• What this task involves: Please copy each line below that contains the word "Crossing".
[Data section Boundary: Start]
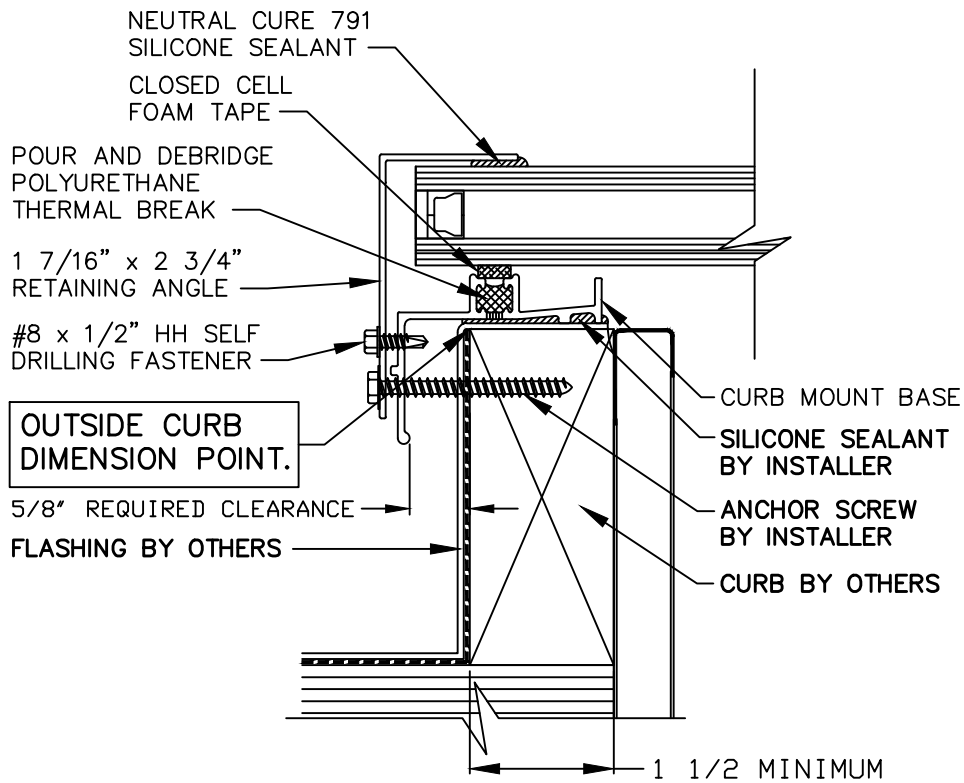

CURB MOUNT  
 SINGLE SLOPE

SILL

An AiA Industries Company

290 East 56th Avenue  
 Denver, CO 80216  
 (303) 296-9696  
 Fax (303) 296-2146

CURB MOUNT  
 RIDGE  
 RIDGE

An AiA Industries Company

290 East 56th Avenue  
Denver, CO 80216  
(303) 296-9696  
Fax (303) 296-2146

CURB MOUNT  
SINGLE SLOPE  
END RAFTER
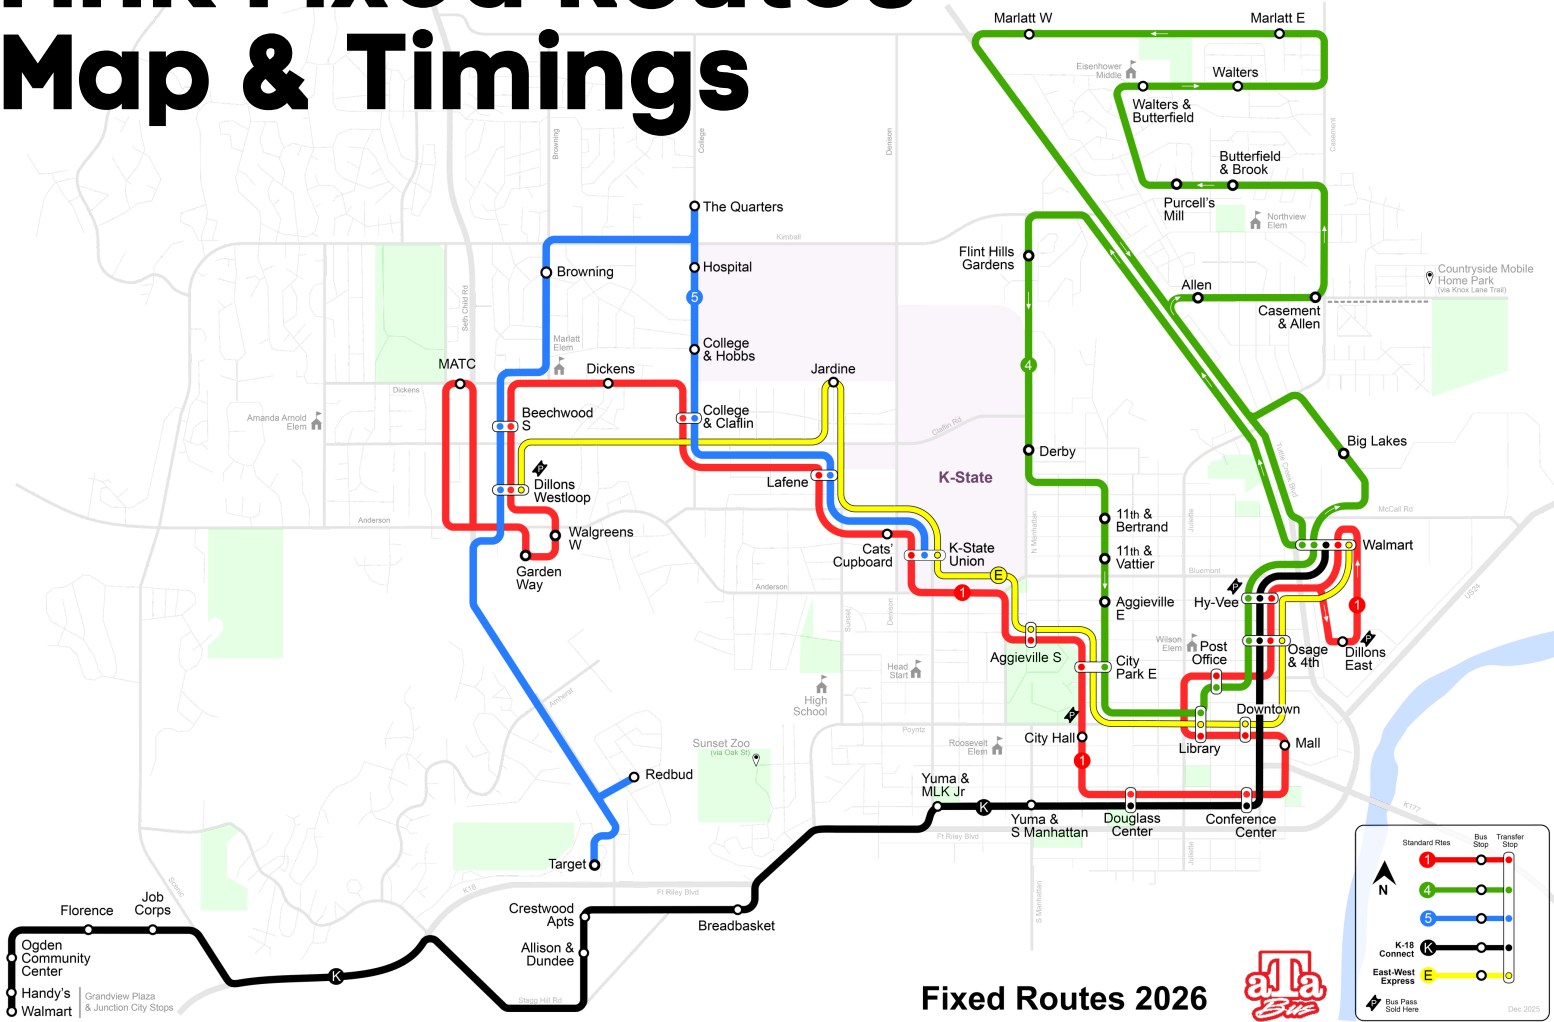

MHK Fixed Routes Map & Timings

Map Guide

:27 Time after the hour that the bus arrives at the stop
 Ex. 8:27am 11:27am 2:27pm 5:27pm

↙ ↗ Direction the Bus is headed (which stops are next)
 ▲ Ex. ▲ Bus is going toward the Post Office

📱 Download the app "Transit" to view the buses in real time, map your route, and purchase your fare

Find out where you can transfer to a different route

●	●	●
●	●	●
●	●	●

● - R1 ● - EWX ● - R4
 ● - R5 ● - KSU ● - K18

ROUTE 4

First Stop: Walmart at 7:00 am
Final Stop: Walmart at 6:48 pm

- :00 ● Walmart ● ● ●
- :02 ● Big Lakes
- :06 ● Allen
- :07 ● Casement & Allen
- :10 ● Butterfield & Brook
- :10 ● Purcell's Mill
- :11 ● Walters & Butterfield
- :12 ● Walters
- :14 ● Marlatt E
- :15 ● Marlatt W
- :23 ● Walmart ● ● ●
- :30 ● Flint Hills Gardens
- :33 ● Derby ●
- :35 ● Bertrand & 11th
- :36 ● Vattier & 11th
- :38 ● Aggieville E ●
- :39 ● City Park E ● ●
- :42 ● Library ● ●
- :43 ● Post Office ●
- :44 ● Osage & 4th ● ● ●
- :45 ● Hy-Vee ● ●
- :48 ● Walmart ● ● ●

ROUTE 5

**SUMMER 2026
SERVICE**

First Stop: Target at **9:00 am**
Final Stop: Gramercy at **5:45 pm**
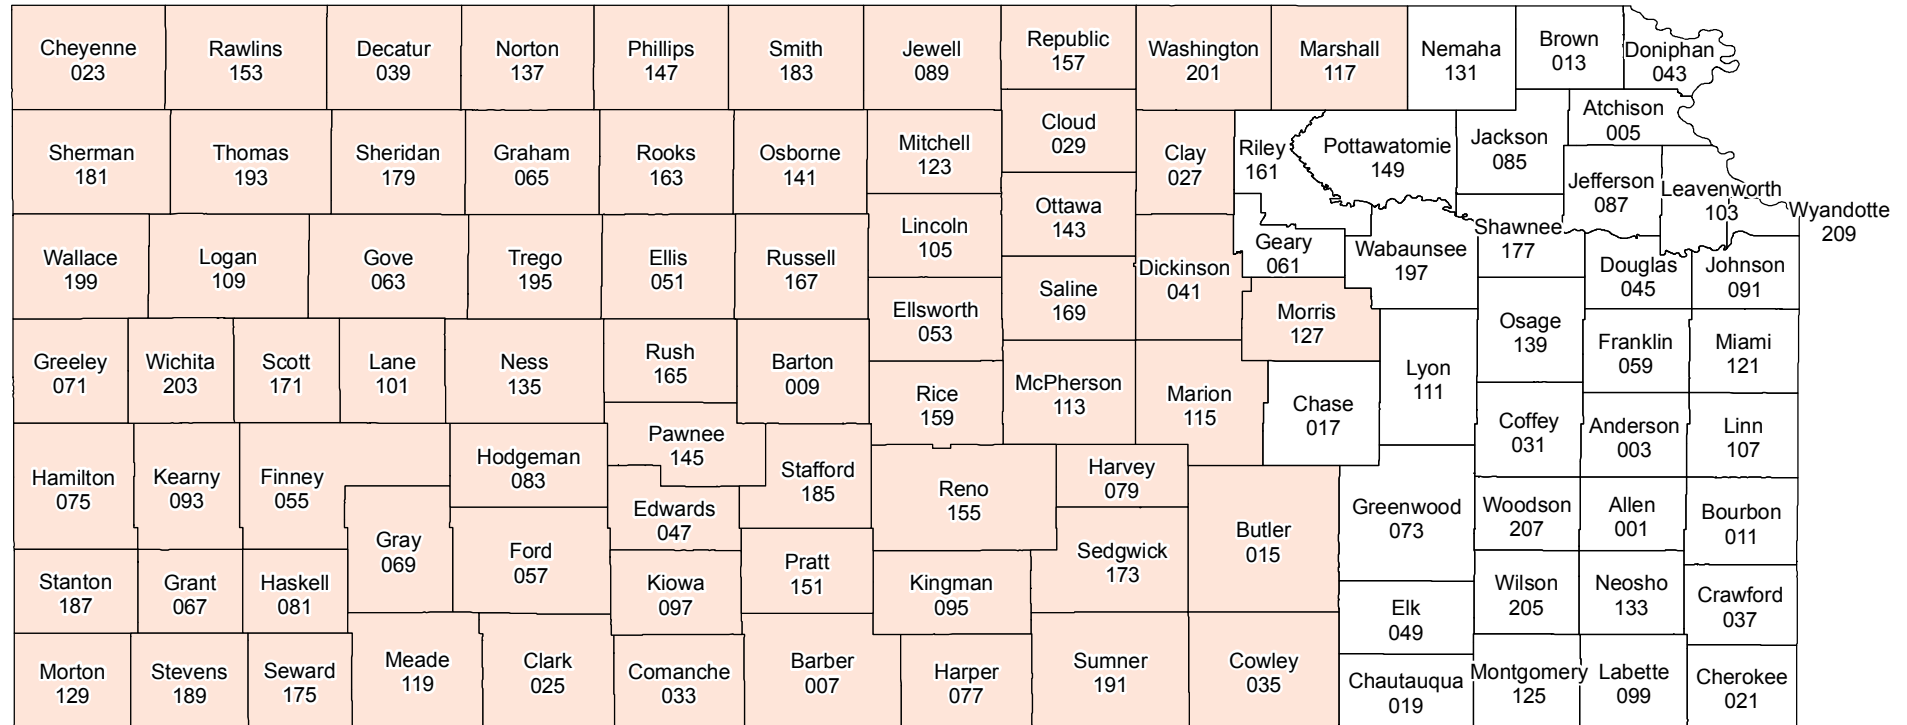

Kansas

2018 Crop Year Final Planting Dates

Sunflowers

June 25, 2018

Source: Risk Management Agency
 Map Created By: RMA, Topeka Regional Office, Topeka KS
 Map Creation Date: January 12, 2018
 Map Projection: World Mercator

The Information displayed in this map is intended to serve as an aid in displaying data provided or stored by the Risk Management Agency. It does not modify, replace, or supersede and USDA published policy provision or procedure.
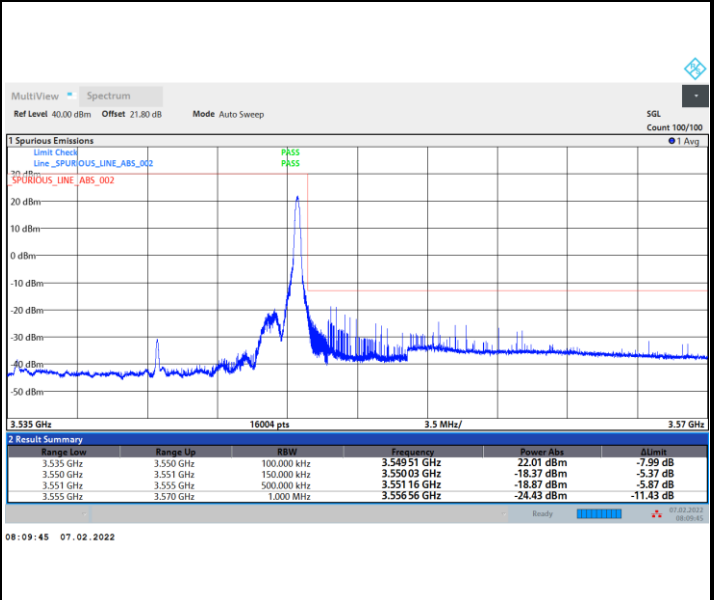

FR1 n77 / 15MHz / CP OFDM / 64QAM

Lowest Band Edge / 1RB0

Highest Band Edge / 1RBmax
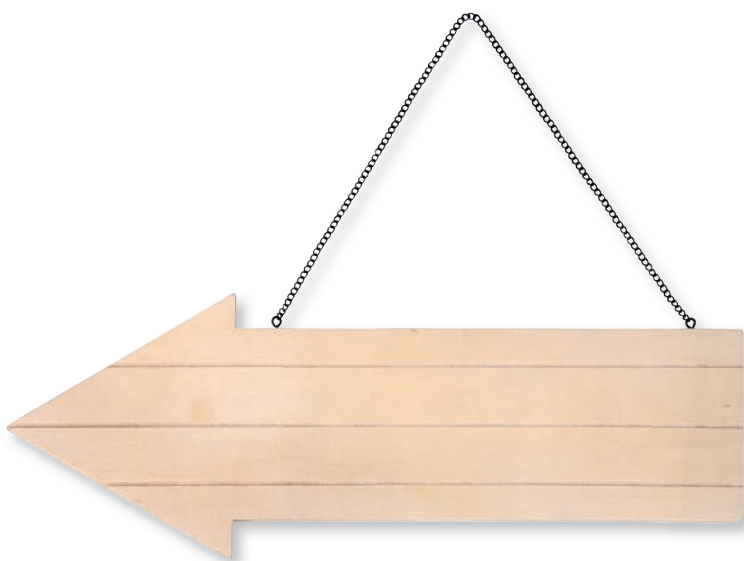

- Decorative birdhouse to hang up or stand upright
- Made from high-quality pine wood
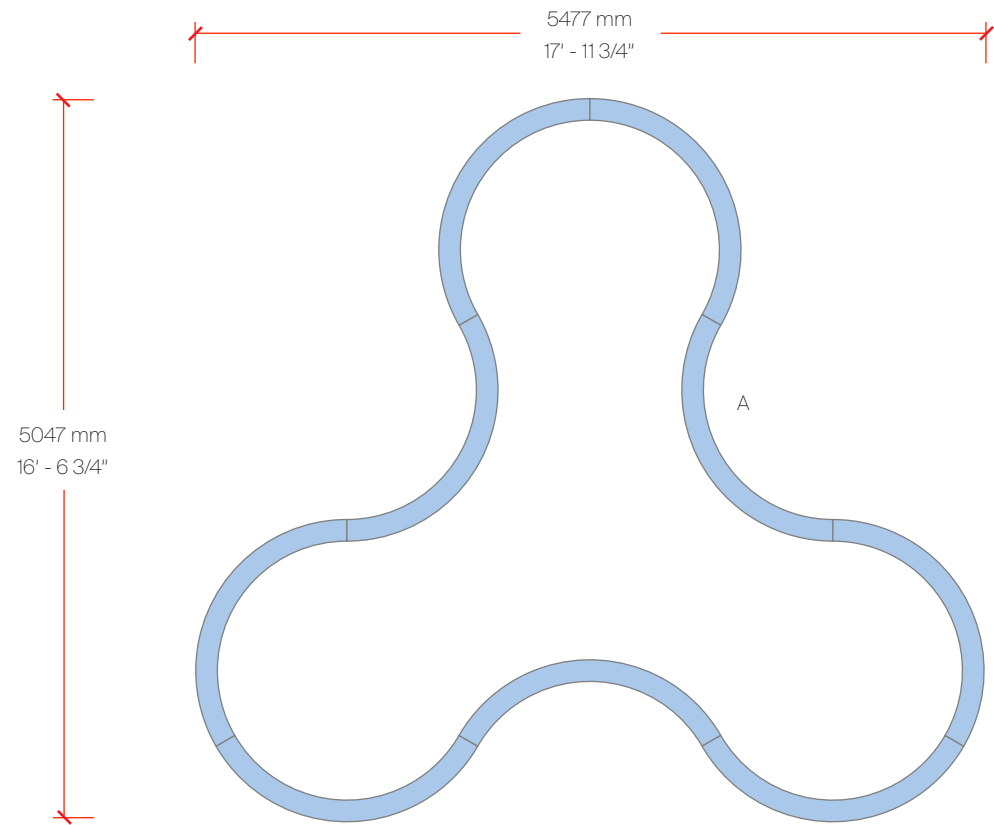

14

SUPER-G SUSPENSION

COMPONENTS

Super-G Suspension

A: 1150mm
L30253- / L30531-
B: 1750mm
L30255- / L30533-

C: Ø2100mm | 120°
L30245- / L30535-
D: Ø3100mm | 90°
L30247- / L30537-
E: Ø4000mm | 72°
L30249- / L30539-
F: Ø5400mm | 51°
L30251- / L30541-

G: Round End Cap
L38115-
H: Flat End Cap
L38346-
I: 3 Way Crossing
L38151-

SUPER-G SUSPENSION

CONFIGURATION A

Bill of Materials

Item	Model #	Qty	Description
A	L30245-DV-XX-XX	9	Super-G - Ø2100 120° Curve - Suspension - Direct - 35.4W LED - 3000K / 3500K / 4000K - 0-10V Dimming - Opal - 29 Finishes.
B	L38117-XX	18	Super-G - Suspension Cable - 2000mm - 29 Finishes.
C	L39014-XX	1	Super-G - Power Feed 5x0.75 - 2000mm - 29 Finishes.

CONFIGURATION B

Bill of Materials

Item	Model #	Qty	Description
A	L30245-DV-XX-XX	3	Super-G - Ø2100 120° Curve - Suspension - Direct - 35.4W LED - 3000K / 3500K / 4000K - 0-10V Dimming - Opal - 29 Finishes.
B	L30255-DV-XX-XX	3	Super-G - 1750mm Straight - Suspension - Direct - 30.4W LED - 3000K / 3500K / 4000K - 0-10V Dimming - Opal - 29 Finishes.
C	L38117-XX	12	Super-G - Suspension Cable - 2000mm - 29 Finishes.
D	L39014-XX	1	Super-G - Power Feed 5x0.75 - 2000mm - 29 Finishes.

CONFIGURATION C

Bill of Materials

Item	Model #	Qty	Description
A	L30245-DV-XX-XX	3	Super-G - Ø2100 120° Curve - Suspension - Direct - 35.4W LED - 3000K / 3500K / 4000K - 0-10V Dimming - Opal - 29 Finishes.
B	L38151-DV-XX-XX	1	Super-G - Crossing - Suspension - Direct - 9.9W LED - 3000K / 3500K / 4000K - 0-10V Dimming - Opal - 29 Finishes.
C	L38117-XX	9	Super-G - Suspension Cable - 2000mm - 29 Finishes.
D	L39014-XX	1	Super-G - Power Feed 5x0.75 - 2000mm - 29 Finishes.
E	L38346-XX	3	Super-G - Flat End Cap - 29 Finishes.
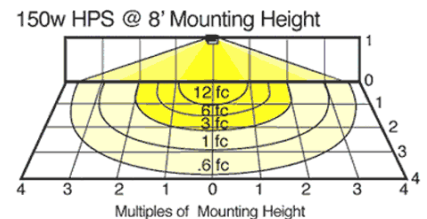

Quad Tap:

Fixture works with 120, 208, 240, and 277 volts

Color:

Bronze

Weight:

9.5

DIMENSIONS

PHOTOMETRIC
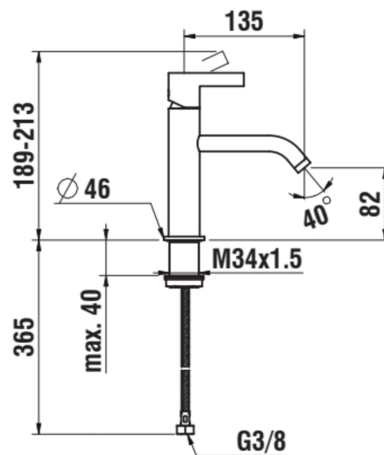

KARTELL LAUFEN

Basin mixer, projection 135 mm, fixed spout, without pop-up waste

DIMENSIONS

Length	1 mm
Width	1 mm
Height	1 mm

Acoustic level (dB) : Group 1 (Up to 20 dB)

Aerator type : Honeycomb PCA

Application : Basin

Faucet type : Single-lever

Finish : Chrome

Fixed spout

Flexible supply hoses included

Flow rate (l/min - 3 bar) : 5.3

Handle position : Top

Installation type : Deck-mounted

Net weight (kg) : 1.1

Spout length (mm) : 135

Spout position : Central

Type of cartridge : Ceramic Disc

Waste not included

Waste type : Waste not included

Water and energy-saving

Water connection diameter : 3/8"

TECHNICAL DRAWINGS
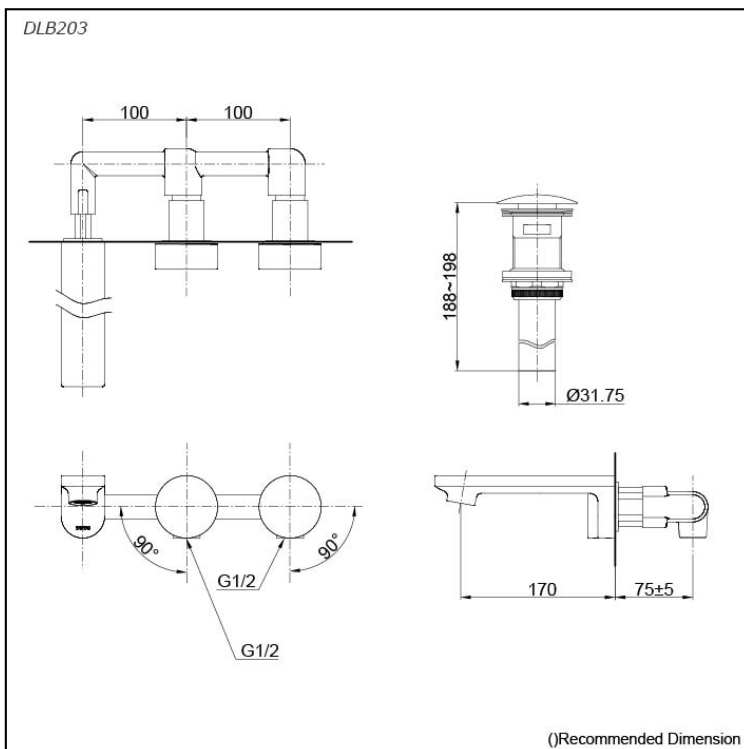

CI CONTEMPORARY
Wall Mounted Lavatory Faucet
(w/ Pop-Up Waste)

Features

- The Contemporary collections encapsulate beauty and versatility in one harmonious form. They are perfectly suitable for private homes, as well as commercial spaces.
- TOTO's ECOCAP Technology: More Jet, Less Water.

Specifications

Finish: Chrome
Material: Brass
Water Pressure: 0.05MPa~0.75MPa

Parts description

- **DLB203**
Wall Mounted Lavatory Faucet
(w/ Pop-Up Waste)

Flow Rate

DLB203
[Data section Boundary: End]
• Finished task:
I: 3 Way Crossing
B	L38151-DV-XX-XX	1	Super-G - Crossing - Suspension - Direct - 9.9W LED - 3000K / 3500K / 4000K - 0-10V Dimming - Opal - 29 Finishes.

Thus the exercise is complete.